Categorical combinators, sequential algorithms, and functional programming
P. -L Curien
This book is a thoroughly revised edition of a monograph that presents an approach to the design and implementation of sequential programming languages based on the relationship between lambda-calculus and category theory. The foundations of a new "categorical" combinatory logic are laid down. Compilation and evaluation techniques are investigated. A simple abstract machine, called the Categorical Abstract Machine, is presented: it has served as the core of the implementation of the language CAML, of the ML family, developed at INRIA-Roquencourt and Ecole Normale Superieure, and first released in 1987. The main characteristics of this approach are conceptual simplicity and compactness, with bearings on portability, efficiency, and correctness proofs.
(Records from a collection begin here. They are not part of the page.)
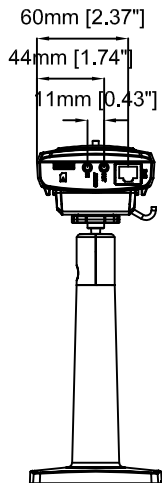

AXIS P1365 Mk II Network Camera

Revision	v.01	Revision date	2017-08-14
Paper size	A4	Release date	2015-12-17
Created by	JOT	Scale	1:2

AXIS P1365 Mk II Network Camera

Revision	v.02	Revision date	2017-08-14
Paper size	A4	Release date	2015-12-17
Created by	JOT/GAB	Scale	1:5

AXIS P1365 Mk II Network Camera

Revision	v.01	Revision date	2017-08-14
Paper size	A4	Release date	2015-12-17
Created by	JOT	Scale	1:4

AXIS T91B21 Stand

Revision	v.01	Revision date	2017-08-14
Paper size	A4	Release date	2016-08-20
Created by	JOT	Scale	1:3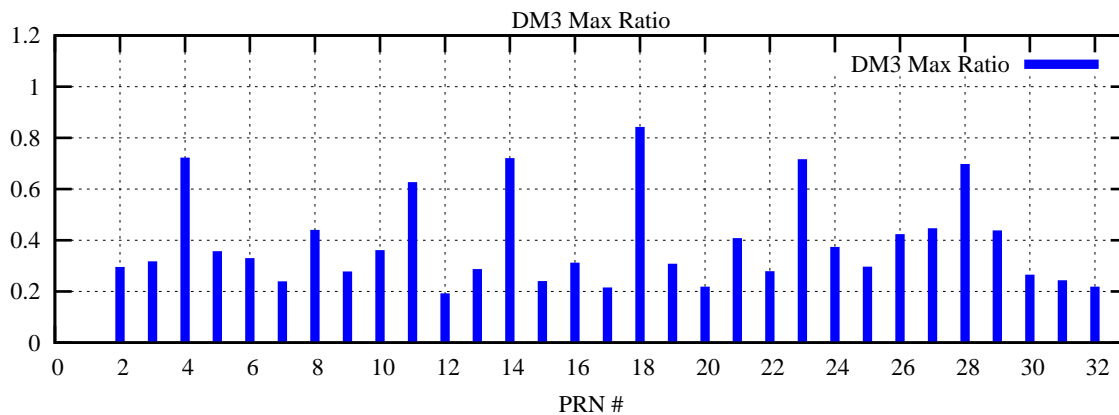

Ratio (PRN Bias/Threshold)

GpsWeek 2314 Day 1

Skinny (Type 0): PRN 8 22
Broad (Type 2): PRN 7 15 17 21 24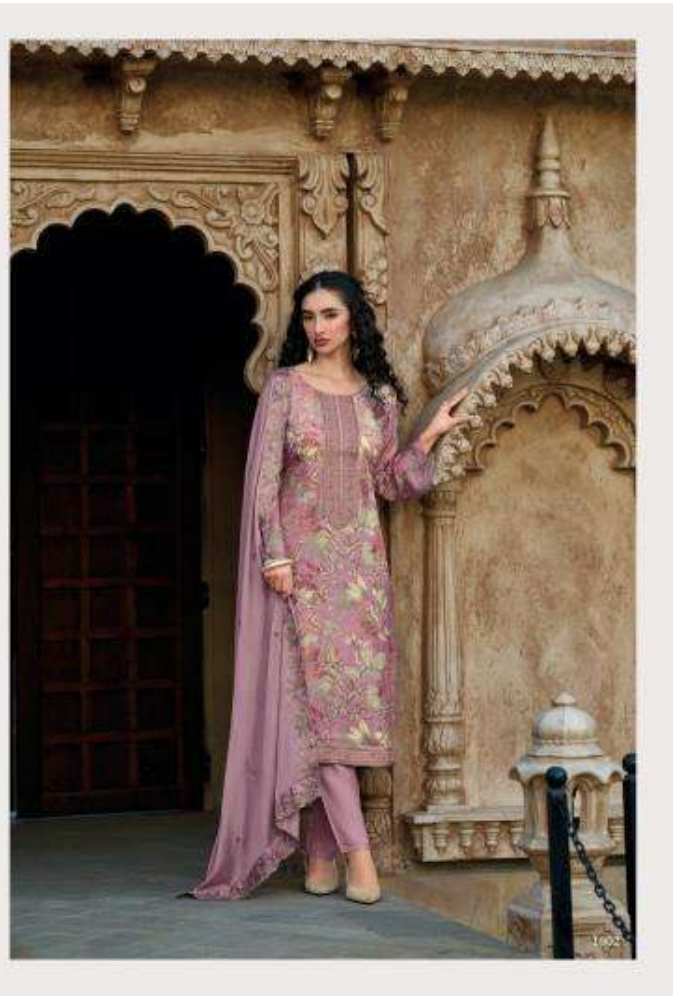

Hang  
FASHION

Style Well

111111  
111111  
111111

1001

1002

1003

**PAAG**  
FASHION  
*Style Well*

**Dang**  
FASHION

*Style Well*

**TOP:- Pure Muslin digital print with Emb. On neck & Hemline**

**BOTTOM:- Pure muslin**

**DUPATTA:- Pure chinnon with Four side scalp Emb.**

**Design of suits:-3**

**RANGATI**

Hang  
FASHION

Style Well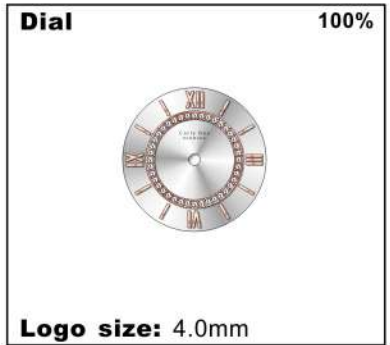

A

B

C

Case :	24.0(W)x30.0(H)mm
Dial Opening :	Ø19.0mm
Bracelet / Strap :	8.0x8.0mm
Crown :	Ø3.5mm
Water Resistant :	3ATM
Scale :	100%

Model No.:	Case Material: Alloy	Movement: PC21	Marketing: Paul
Brand Name: Carly Rex DENMARK	Design Ref. No.: CS2111017	Designer: Tank	Date: 05/Nov/2021

Version A

Version B

Version C

Case :	22.0(W)x36.5(H)mm
Dial Opening :	17.0(W)x24.0(H)mm
Bracelet / Strap :	12.0x10.0mm
Crown :	Ø4.0mm
Water Resistant :	3ATM
Scale :	100%

Model No.:	Case Material: Alloy	Movement: 2035	Marketing: Paul
Brand Name: Carly Rex DENMARK	Design Ref. No.: CS2111018A	Designer: Andrew	Date: 09/Nov/2021

Version A

Version B

Version C

Case :	23.5(W)x35.5(H)mm
Dial Opening :	18.0x22.5mm
Bracelet / Strap :	16.0x16.0mm
Crown :	Ø3.5mm
Water Resistant :	3ATM
Scale :	100%

Model No.: 2303S	Case Material: Stainless steel	Movement: VJ21	Marketing:
Brand Name: Carly Rex DENMARK	Design Ref. No.: BD-21022	Designer:	Date: 27/10/2021

Silver white

Sunray

White

Movable

Case :	Ø28.0mm
Dial Opening :	Ø23.5mm
Bracelet / Strap :	32.0x32.0mm
Crown :	Ø3.0mm
Water Resistant :	3ATM
Scale :	100%

Version A

Version B

Version C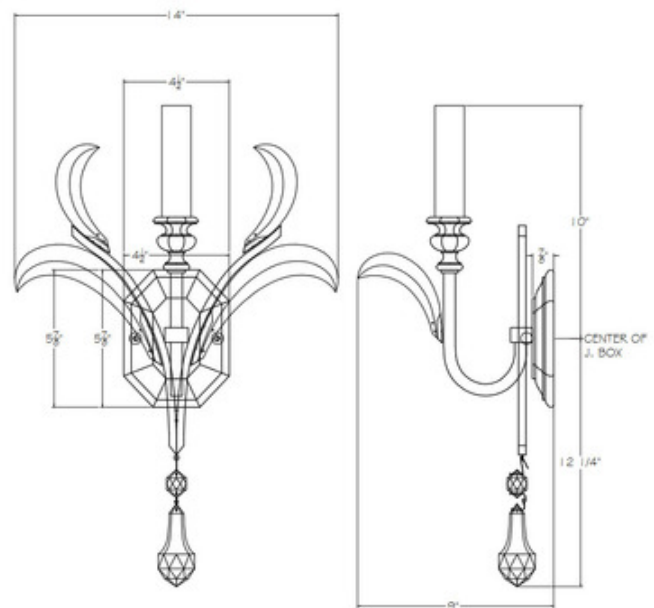

BRAND Fine Art Handcrafted Lighting

DESCRIPTION

The Beveled Arcs Bloom Wall Sconce brings a warm traditional look to your interior space. Beveled Crystals are complemented by a frame in Gold, Silver, Gold Leaf, or Silver Leaf and topped with a Cream fabric hardback shade. Made in the USA. UL listed.

Shown in: Silver / Crystal

SHADE COLOR	Crystal
BODY FINISH	Silver
WATTAGE	60W
DIMMER	Standard 120V
DIMENSIONS	14"W x 25"H x 9"D
BULB NOT INCLUDED	
LAMP	1 x B10/Candelabra (E12)/60W/120V Incandescent 1 x B10/Candelabra (E12)/120V LED

SPEC # FAL197072

COMPANY	PROJECT	FIXTURE TYPE	APPROVED BY	DATE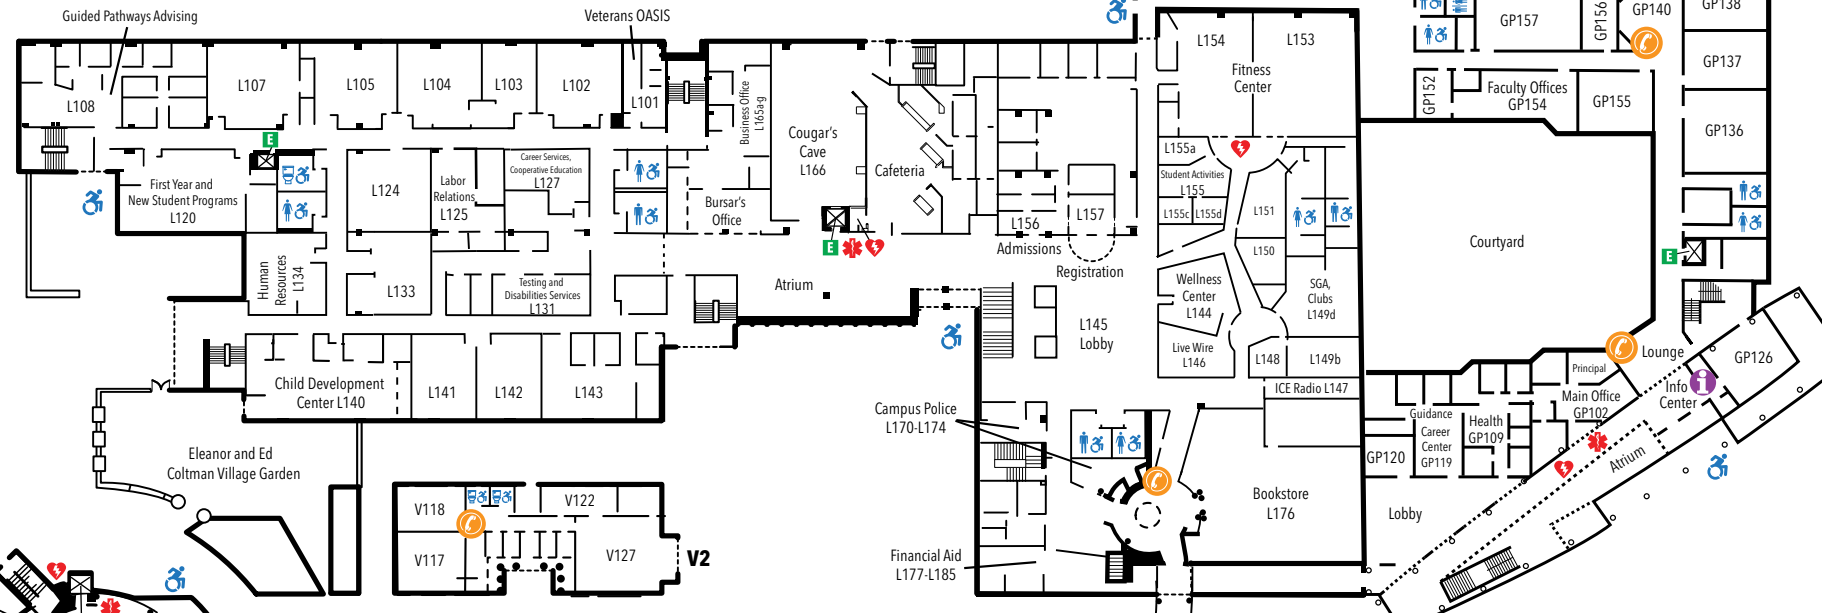

CT STATE COMMUNITY COLLEGE MANCHESTER

1st Floor Campus Map

Village (V1-V6)

Building	Room
V1	V101 Classroom
V2	V117, V118 Classrooms
	V122, V127 Music Lab
V3	V131 Classroom
V4	V141 Conventional Machining Lab
V5	V151 Classroom
V6	V162 Classroom

GPA - GREAT PATH ACADEMY, 1st floor
Jonathan M. Daube Building

Wing	Room
GP	GP102 Main Office, Principal
	GP109 Health Services
	GP119 Career Center, Guidance
	GP120 Conference Room
	GP126 Classroom
	GP127 Information Center
	GP136 Early Childhood Development
	GP137-GP139 Classrooms
	GP142, GP143 Classrooms
	GP140 Breakout Room
	GP152, GP156 Conference Rooms
	GP154 Faculty Offices
	GP155 Classroom
	GP157 Computer Lab
	GP163 Gymnasium

Student Services Center
1st floor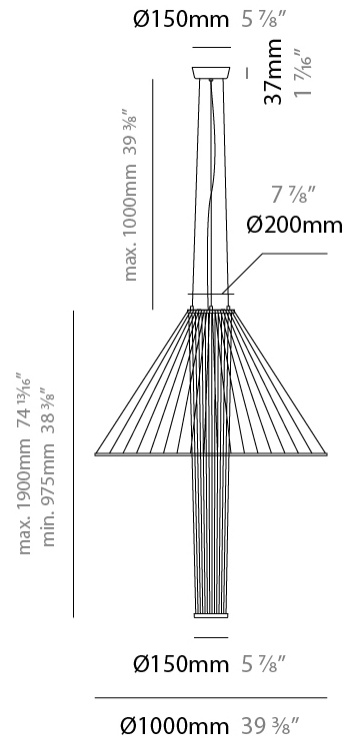

MEDUSA SUSPENSION

D111219-

base number Color
Temperature

1. To build a product code in our configurator select the specify button on the base model # product page
2. To build a manual product code on this datasheet choose from the options listed below in blue font and add the suffix to the base model #

GENERAL

Series: Medusa
Partner: Ole
Division: Design
Installation: Suspension
Product Type: Pendant
Mounting Location: Ceiling
Light Distribution: Adjustable

PHYSICAL

Shape: Abstract
Diameter (mm): 1000
Diameter (in): 39 ³/₈
Height (mm): 975 - 1900
Height (in): 38 ³/₈
Max. Overall Height (mm): 2900
Max. Overall Height (in): 114 ³/₁₆
Fixture Finish: MBK
Holder Finish: BLK
Fixture Material: Fabric Cord / Metal
Primary Material: Fabric - Recycled
Cable Details: 1000mm/39 3/8" Transparent Cable
Upon Request: Other fabric cord colors available upon request (see downloadable finish chart)

ELECTRICAL

Lamp Type: LED
Input Wattage (W): 10
Dimming: Non-Dimmable
Driver Included: Yes
Driver Location: Integrated
Driver Type: Constant Current - Universal
Driver Class: Class 2
Input Voltage (V): 120
Constant Current (MA): 350

LED

Color Temperature (°K): 3000 / 4000
Max. Delivered Lumen (lm): 958 / 1003
CRI: >82 CRI
Lamp Life (hrs): 50000

OPTICAL

RATINGS AND CERTIFICATIONS

Certified By: Certified for North American Standards
IP rating: IP20

PROJECT
TYPE
SPECIFIER
QUANTITY
DATE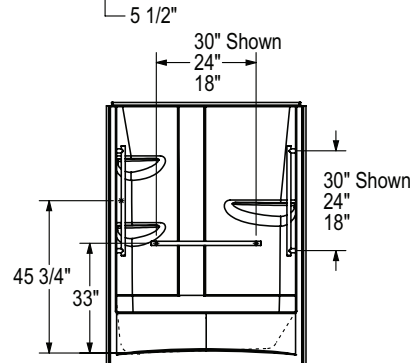

Astley

Shower & Tub Shower Family

Shower 6034 with roofcap

All dimensions are approximate. Structure measurements must be verified against the unit to ensure proper fit.

Astley

Shower & Tub Shower Family

Shower 6034 without roofcap

OPTIONAL REINFORCEMENT
(Left shown)

OPTIONAL REINFORCEMENT
(Back Wall)

OPTION 20217

All dimensions are approximate. Structure measurements must be verified against the unit to ensure proper fit.

Astley

Shower & Tub Shower Family

Tub Shower 6032 without roofcap

GRAB BAR
(Left shown)

OPTION 20203, 20204 & 20216

OPTIONAL REINFORCEMENT
(Left shown)

OPTIONAL REINFORCEMENT
(Back Wall)

OPTION 20217
Left Shown

All dimensions are approximate. Structure measurements must be verified against the unit to ensure proper fit.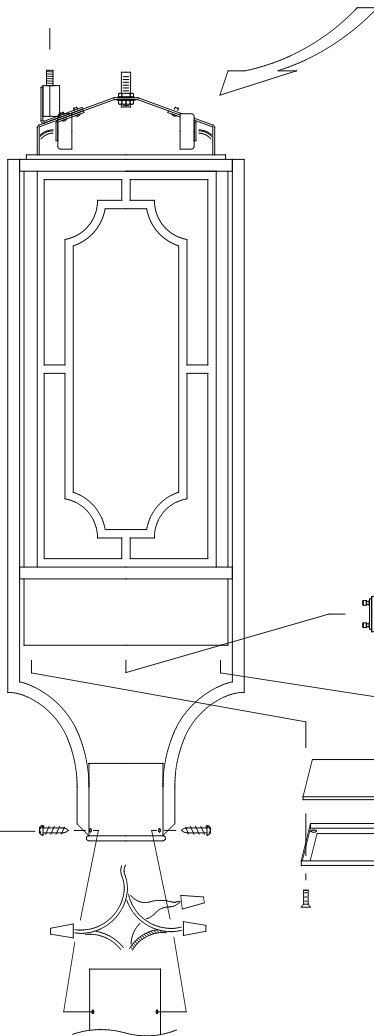

Replacement Parts For

OLPL7307 10/09

101549
(Post Mount Screws)

104014 (13W Bulb Self Ballasted)

120055 (Glass Plates)

101548 (Screws)

Qty.	Part #	Description
	103178	Mounting Plate
	110747	Cap Nuts Kit
	101548	Screws
	104014	13W Bulb Self Ballasted
	101549	Post Mount Screws
	120055	Glass Plates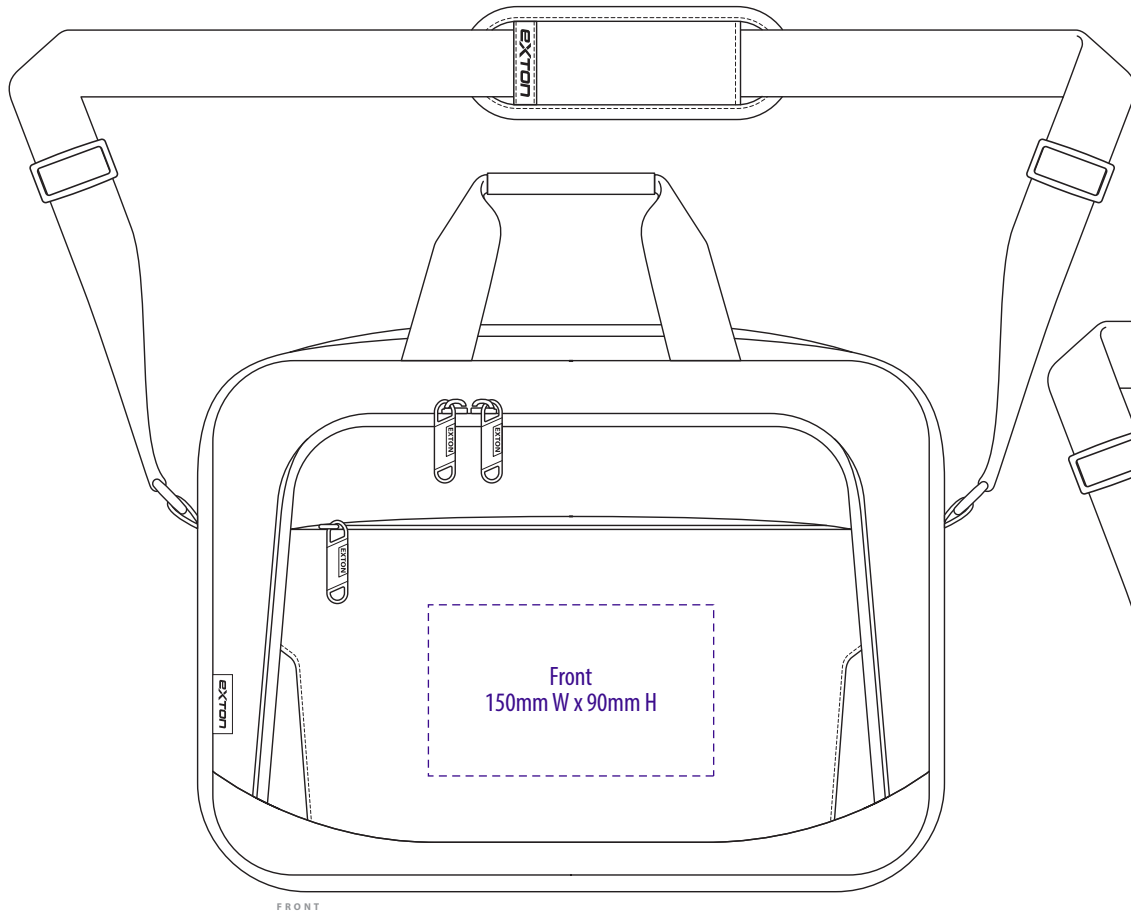

EMBROIDERY / SUPASUB / SUPAETCH / SUPAFLEX

EX3240

EXTON

NOTE:

The maximum decoration area is a guide only and is greatly dependant on the logo shape.

SUPACLOUR

EX3240

EXTON

NOTE:
The maximum decoration area is a guide only
and is greatly dependant on the logo shape.

DTF

EX3240

FABRIC **SWATCH**

BLACK/GREY

BLACK

PMS Cool Grey 10 C

Pantone colours are provided as a reference only and are based on closest match. Actual product colour may differ. If a precise colour match is required we recommend ordering a sample.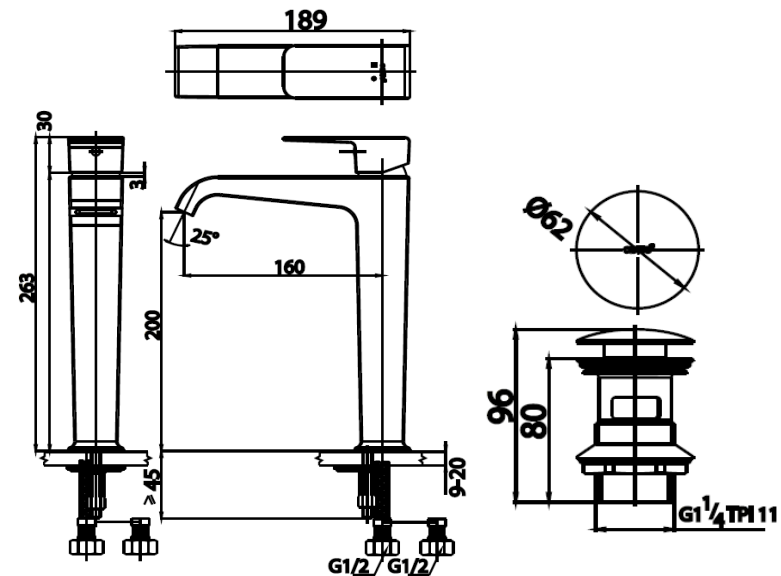

SONATA Series

CT2191A LEVER HANDLE BASIN MIXER FAUCET WITH PUSH WASTE AND HOSE (TALL BODY)
Barcode 8852410219280
Material No. Z231CT2191AXXXX11

Selling Point

1. COTTO CLEAN : Metal Contaminant-Controlled (Lead, Cadmium, Copper, Zinc)
2. Extra Chrome : Plated with 8 Micron Nickel-Chromium
3. Made from high quality brass
4. The perfect combination of the senses of luxury and the symmetry of the boldlines, reflecting the elegant of Art Deco

Product characteristics

- pices/box : 6
- Inner box weight (Kg.) : 2
- Total box weight (Kg.) : 13

Recommended Usage

Install on 1 hole basin or countertop basin

Siam Sanitary Ware Co.,Ltd. / Siam Sanitary Fittings Co.,Ltd.

36/11 Viphavadee Rangsit Rd, Sanam Bin, Donmuang, Bangkok 10210. Thailand

Tel : + 66 (0) 2973-5040-54

Fax : + 66 (0) 2973-3470

www.cotto.co.th

Export Department

Tel : + 66 (0) 2973-5040-54

Fax : + 66 (0) 2973-3472

COTTO
STUDIO

Center (Donmuang ,Bangkok) : +66 (0) 2521-7777

East (Chonburi) : +66 (038) 416-222

North (Chiangmai) : +66 (053) 211-852

North East (Khonkean) : +66 (043) 220-555

South (Phuket) : +66 (076) 261-388

The company reserves the right to change any of the details in the document without prior notice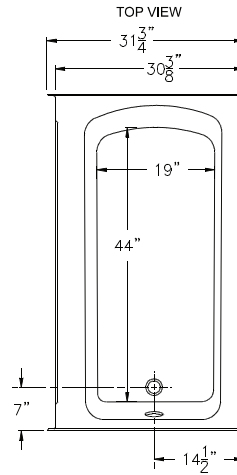

G 5432 TO
54" x 31.75" x 16.25"

FEATURES

FINISH	PRODUCT	PIECES	STYLE
AcryIX™ Applied Acrylic	Soaking Tub	One	Garden Tub

Due to the nature of the materials, dimensions may vary +/- 0.5".

OPTIONS

WHIRLPOOL	AcryIX™ COLORS	SOLID SURFACE COLORS	ACCESSORIES
Yes	White, Bone, Biscuit	Solids or Naturals	Drain

TECHNICAL INFORMATION

WT	LOAD FACTOR	HANDED BY	CODES
63	0.55	Drain L R	ANSI 124.1, UPC

WARRANTY

AcryIX™ Applied Acrylic - Lifetime Limited
Solid Surface - 10 Year Limited

AVAILABILITY

NORTHEAST	MID / SOUTH
<input checked="" type="checkbox"/> Standard	<input type="checkbox"/> Not Available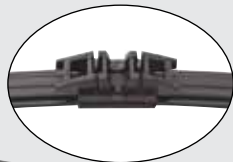

Part No. TRB006

Beam Style
Length: 15" (380mm)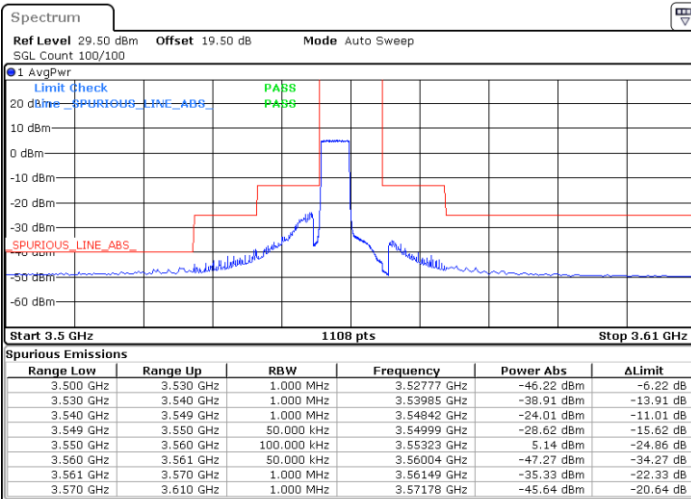

Date: 3.NOV.2021 14:28:50

LTE Band 48 / 20MHz

QPSK

Highest Channel / 1RB0

Highest Channel / 1RBmax

Date: 2.NOV.2021 18:26:42

Date: 2.NOV.2021 18:39:38

Highest Channel / Full RB

N/A

Date: 12.NOV.2021 18:20:00

LTE Band 48 / 5MHz

16QAM

Lowest Channel / 1RB0

Lowest Channel / 1RBmax

Date: 2.NOV.2021 15:33:15

Date: 2.NOV.2021 16:34:48

Lowest Channel / Full RB

N/A

Date: 2.NOV.2021 15:45:41

A mathematical semantics of sequentiality is proposed, in which "sequential algorithms" rather than functions are used to interpret procedures. The theoretical investigation has led to the development of a programming language, CDSO, in which basic and functional types are not differentiated. The evaluation framework is a demand-driven data flow network. The model of sequential algorithms is fully abstract with respect to this language: two procedures have the same denotation if and only if they have the same behaviour. Background on full abstraction is given. The new edition covers new results, and introduces new connections, as suggested by the following non-exhaustive fist of keywords: confluence properties of categorical combinators, explicit substitutions, control operations, linear logic, geometry of interaction, strong stability.